Stored data entries.

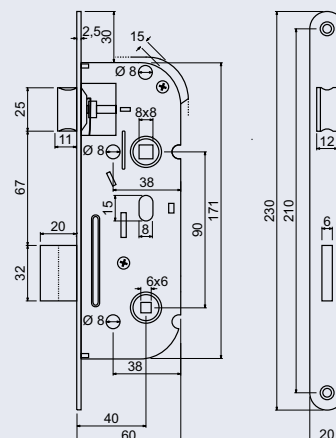

- Zadlabací zámek pro WC klíčku – WC.
- Střelka oboustranná – pravolevá, bez převodu.
- Závora jednozápadová

Hmotnost netto:

- 0,33 kg

Povrch čela:

- bílý pozink
- černá (CE)

od 202 Kč
244 Kč vč. DPH

Obj. kód	Název	Cena
0238-46366	Z.301-WC.90/40/20.PL	202 Kč
0238-46472	Z.301-WC.90/40/20.PL.CE	282 Kč

**RN.75L**

- Nerezové číslo v plochém „2D“ provedení.
- Montáž lepením pomocí oboustrannné lepicí pásky „3M“.
- Vhodné pro středně hrubé a hladké povrchy.
- Balení vč. oboustrannné lepicí pásky „3M“.

Výška: 75 mm**Povrch:** měď (MD)
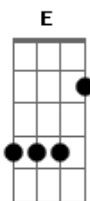

© ukulele-chords.com
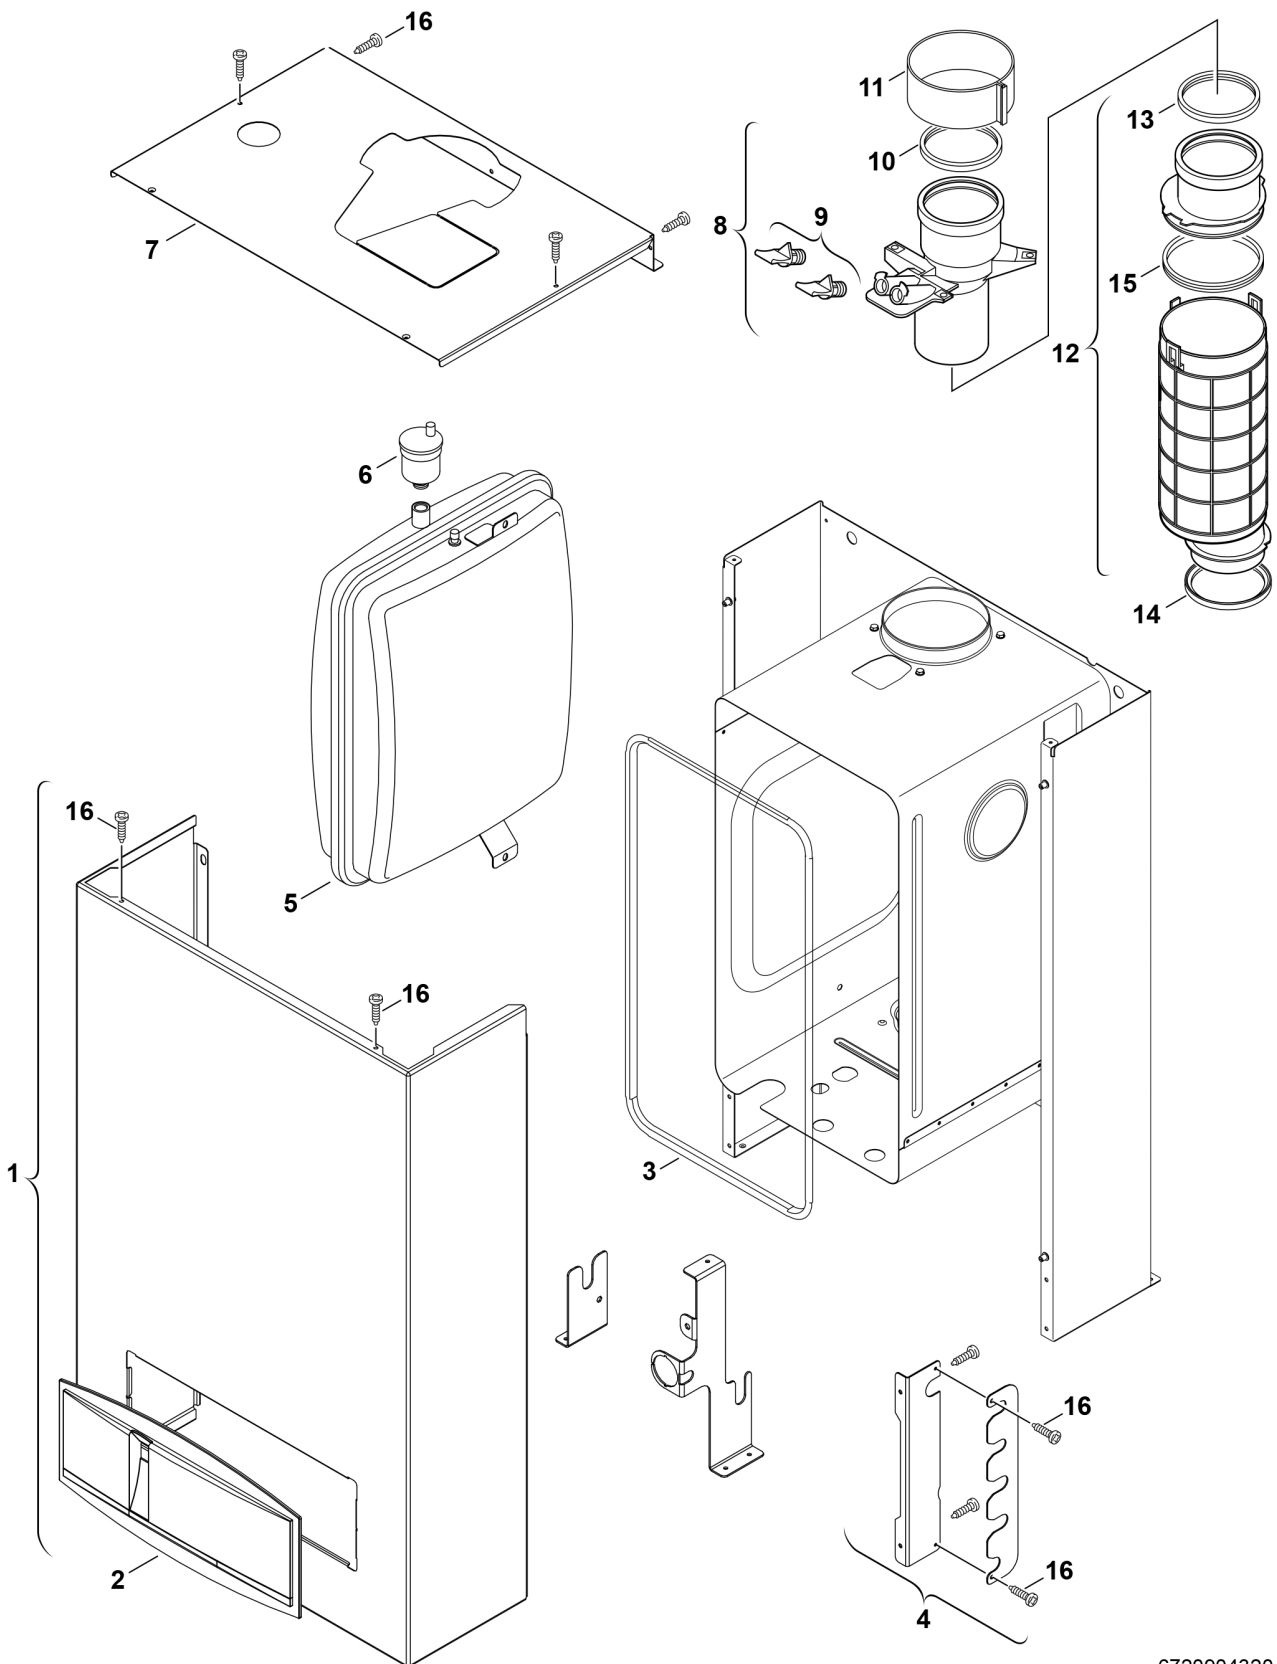

Explosionszeichnung

6720904320.AB/G

Ersatzteile

Pos.	Bestellnummer	Bezeichnung	Anmerkung	Preisgruppe
1	8 718 007 411 0	Mantel weiß		46
2	8 715 506 498 0	Blende hellgrau		28
3	8 710 703 182 0	Dichtung		22
4	8 718 005 806 0	Halteblech weiß		33
5	8 715 407 230 0	Ausdehnungsgefäß		47
6	8 718 505 014 0	Schnellentlüfter		24
7	8 718 007 415 0	Abdeckung weiß		41
8	8 710 725 374 0	Abgasstutzen		27
9	8 710 506 199 0	Stopfen (2x)		15
10	8 711 004 232 0	Lippendichtung DN80		19
11	8 711 301 084 0	Schelle		18
12	8 710 725 373 0	Abgasrohr		28
13	8 711 004 232 0	Lippendichtung DN80		19
14	8 722 933 330 0	Dichtung Ø 87,5mm		10
15	8 711 004 278 0	Dichtring d innen: 103,4mm		14
16	2 910 612 432 0	Schraube 4,8x13 DIN7981 (10x)		15

What is expected. Write out exactly each line of the entries, starting at the one containing "718 505 014" and finishing with the last line.

Response to the exercise.
6	8 718 505 014 0	Schnellentlüfter		24
7	8 718 007 415 0	Abdeckung weiß		41
8	8 710 725 374 0	Abgasstutzen		27
9	8 710 506 199 0	Stopfen (2x)		15
10	8 711 004 232 0	Lippendichtung DN80		19
11	8 711 301 084 0	Schelle		18
12	8 710 725 373 0	Abgasrohr		28
13	8 711 004 232 0	Lippendichtung DN80		19
14	8 722 933 330 0	Dichtung Ø 87,5mm		10
15	8 711 004 278 0	Dichtring d innen: 103,4mm		14
16	2 910 612 432 0	Schraube 4,8x13 DIN7981 (10x)		15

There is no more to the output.